Summer weeds

Earlier in the week I was looking to take a day off from my gardening chores. It had become increasingly hot and I needed a break. I went outside to retrieve the morning paper and via a light, cooling wind I heard the weeds approving of my decision, encouraging me to take the rest of the week off. I knew what I had to do.

After breakfast I donned a green, floppy hat, yellow gloves for my hands and grabbed a large bucket. The bed of asparagus ferns were attacked first. Their tall, lacy forms lean away from an adjacent stone greenhouse foundation that front about-to-flower Canadian thistle, mugwort and garlic mustard. The delicate fern fronds  tickle my face as I need to get low to pull the accompanying weeds out of the soil.

Next on my list are the wild mustard and jewel weed plants that have taken up residency in my center beds. I keep pulling these similar-looking intruders weekly yet they are replaced by new babies in increasing numbers after each exercise. A variety of grasses continue to invade regardless of how often I pull them.
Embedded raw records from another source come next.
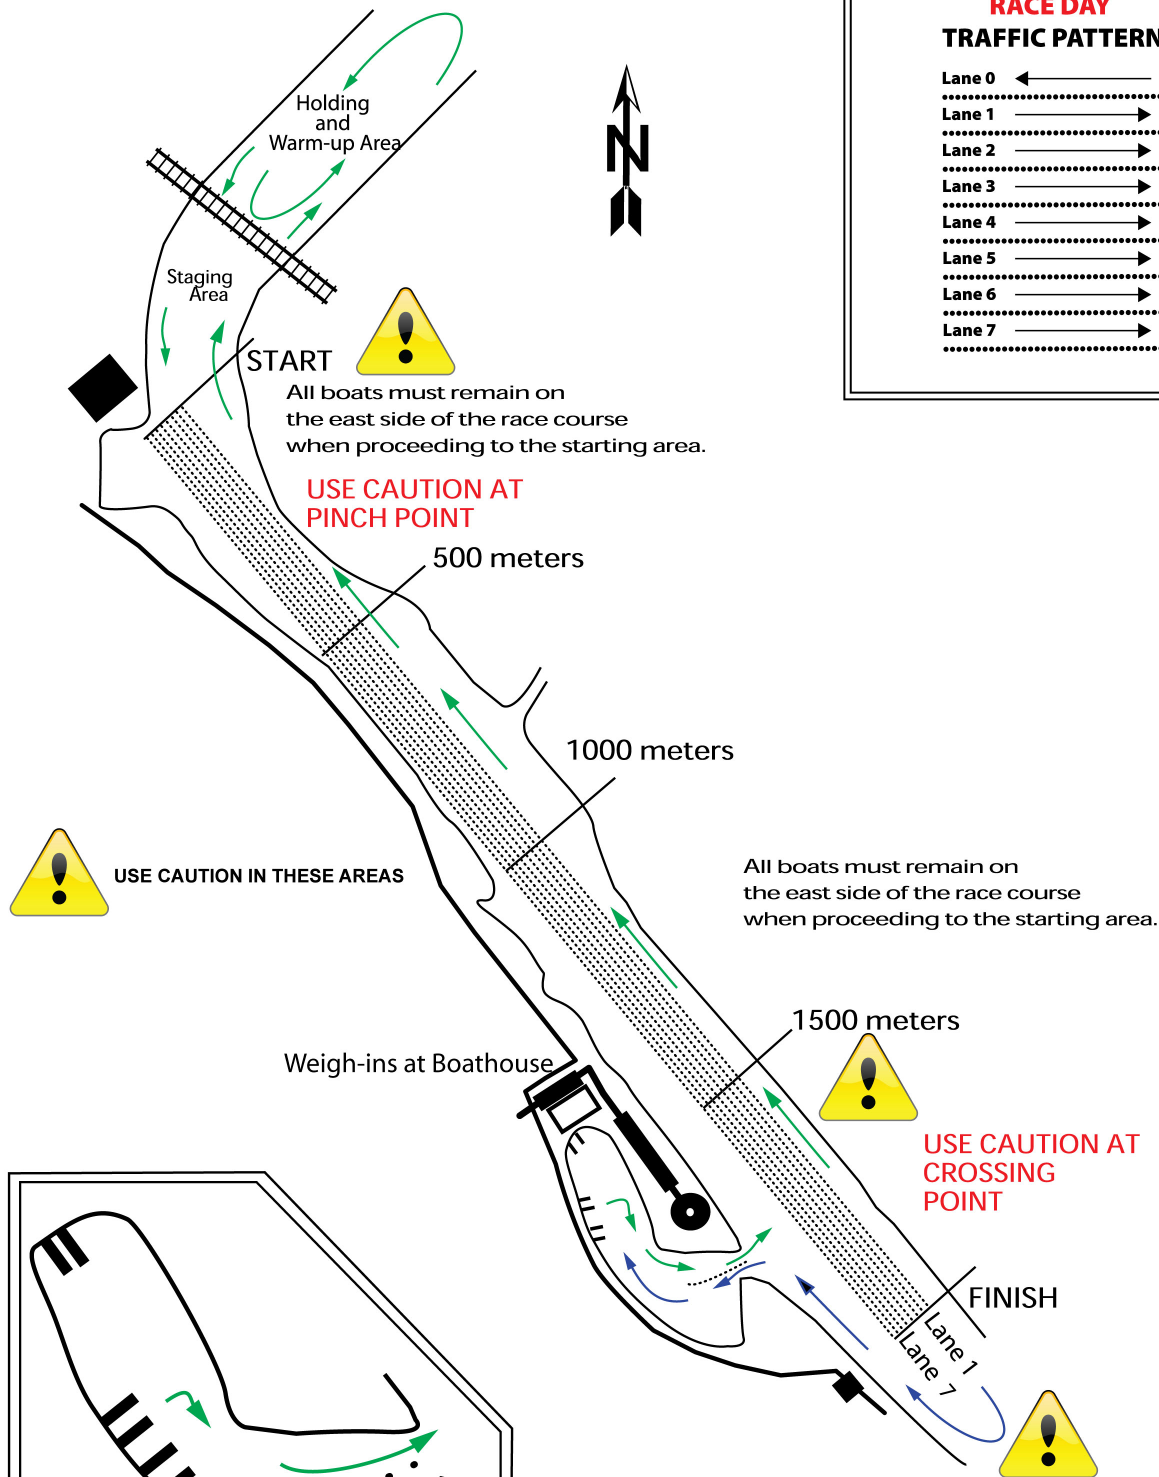

# Oak Ridge Melton Lake

## Race Course Map

**NOTE: Traffic pattern for Race Day is DIFFERENT to Time Trials and Practice Day**
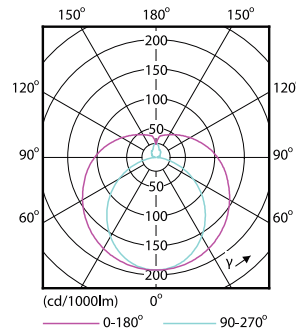

Essential LEDtube

EAN/UPC - Product	6947939105489
Order code	929001127510
Numerator - Quantity Per Pack	1
Numerator - Packs per outer box	20

Material Nr. (12NC)	929001127510
Net Weight (Piece)	0.222 kg

Dimensional drawing

LEDtube 1200mm 16W 765

Product	D1	D2	A1	A2	A3
LEDtube 1200mm16W765	25.68	28 mm	1198.0	1205.0	1212.0
T8 CN I G	mm		mm	mm	mm

Photometric data

General Information 01 Photometry 01 Page 10

LEDtube 1200mm 16W 765 T8 CN I G
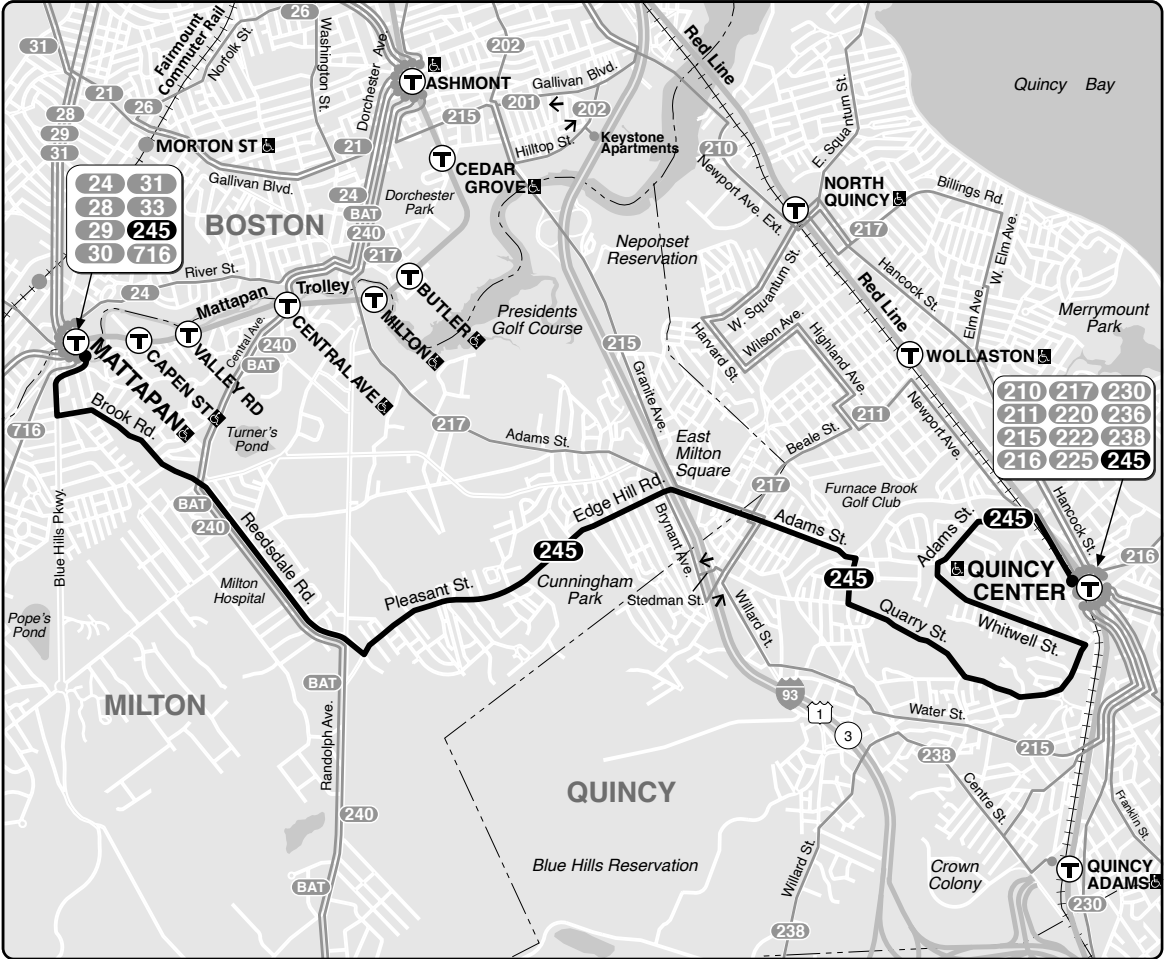

Effective **August 27, 2023**

Replaces March 2023

245 Quincy Center Sta – Mattapan Sta

Connections

- RED LINE MATTAPAN LINE
- GREENBUSH LINE KINGSTON LINE
- MIDDLEBOROUGH/LAKEVILLE LINE

Information **617-222-3200**
 Lost and Found **617-222-5367**
 TTY **617-222-5146**

Realtime arrival information, maps, and more

mbta.com

- Transfer to bus/subway available on CharlieCard—good for 2 hours, pay fare difference.
- Children 11 & under ride free with a paying customer.
- ♿ All MBTA buses are accessible to people with disabilities.

*** Snow Route**

When active, buses don't serve Hospital Hill and Whitewall Street. Buses also don't stop between Quincy Center Station and Granite Street.

[mbta.com/alerts/bus](https://www.mbta.com/alerts/bus)

Always check bus destination signs before boarding. Some buses may only serve a part, or skip portions of this route.

2023 Holidays

SAT Patriots' Day

SUN Memorial Day

SUN Independence Day

SUN Labor Day

SAT Indigenous People's Day
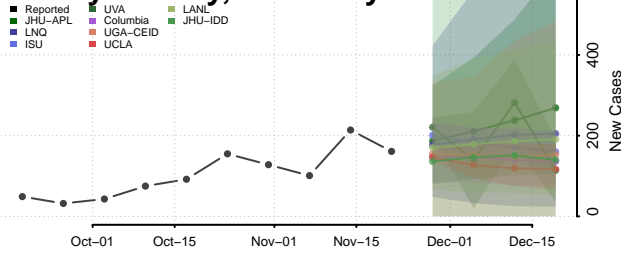

Rowan County, Kentucky

Russell County, Kentucky

Scott County, Kentucky

Shelby County, Kentucky

Simpson County, Kentucky

Spencer County, Kentucky

Taylor County, Kentucky

Todd County, Kentucky
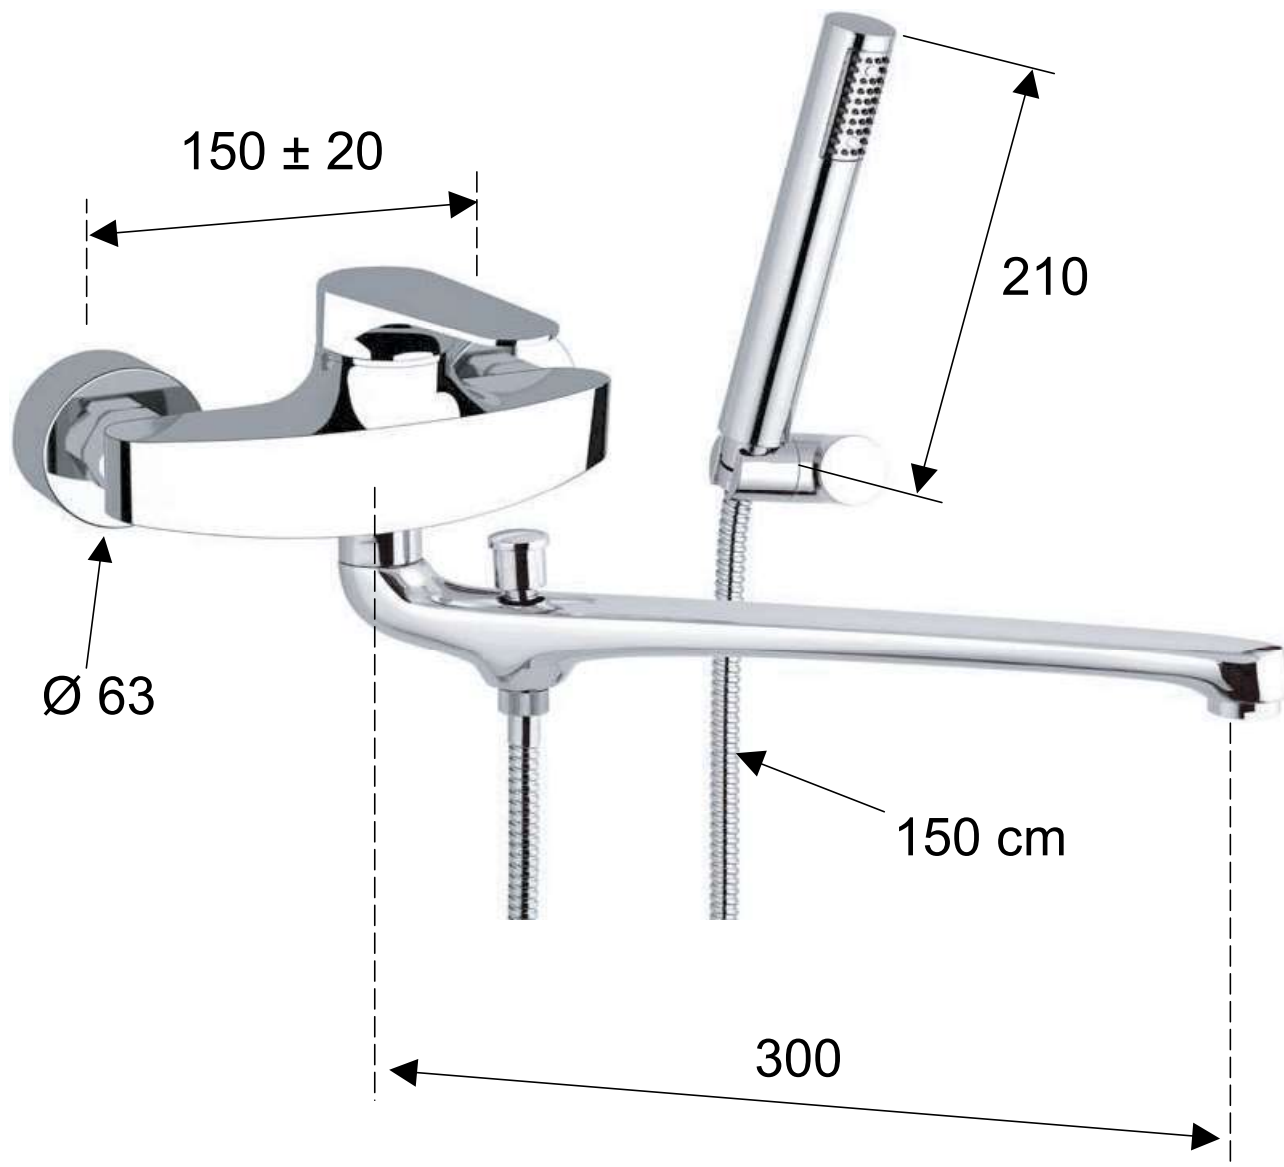

DANIEL

SCHEDA TECNICA TECHNICAL FEATURES

ART. COD.

OM624

MATERIALI / MATERIALS

OTTONE CROMATO / CHROME PLATED BRASS

CROMATURA / CHROME PLATING

UNI EN 248

As the moisture begins to saturate my shirt, I examine a huge purslane that I have just pulled. This is the year of purslane in my vegetable beds as they have made a home in each one. This one’s typically fat and succulent green leaves have become somewhat desiccated and brown at the tips, no doubt due to the heat and lack of water we have had over the last week. I will let some stay, reserving them for future salads.

In this heat, there are few ground insects to be seen as they have borrowed into the cool, damp soil preferring to emerge in the cool of the night to do their damage.

I try to pull weeds before they flower and seed but in some cases they have made that transformation too quickly. There is lots of nipplewort that has seeded next year’s crop and the dandelions have long since sent their babies into the sky. Plantain is flowering and I have been cutting down the pale green flower and seed spikes prior to pollination with the hope that I can minimize next year’s offspring. 

There are some weeds that never stop, such as bindweed, regardless of how often they are pulled. This invasive tricks the unaware gardener with its pretty morning glory, bell-shaped white flower and arrowhead-shaped leaf. But it will take over and smother plants if left alone. I have been able to contain it within a 40-by-10-foot patch of pachysandra for the last 4 years. I try to pull it out by its thin, hairy white roots but know at best I am leaving pieces that will continue to send up shoots in the weeks to come. 

Grape vine invades my garden from my neighbor’s patch and must be macheted every few weeks as its broad leaves and thin dark stems stealthily creep under and over the separating fence. Its babies are also seeded in other areas that must be patrolled continuously. 

Buckets are filled with greenery and emptied into the compost heap; Juana admonishes me to have a rest and drink of cool water. I agree and sit on the cool flagstone stoop, which darkens with the sweat that has saturated my shorts and shirt. 

I consider stopping as it is hot and I have done enough for the day. An agreement is delivered to me in the light wind by the remaining weeds as I sip iced water. I know what I have to do.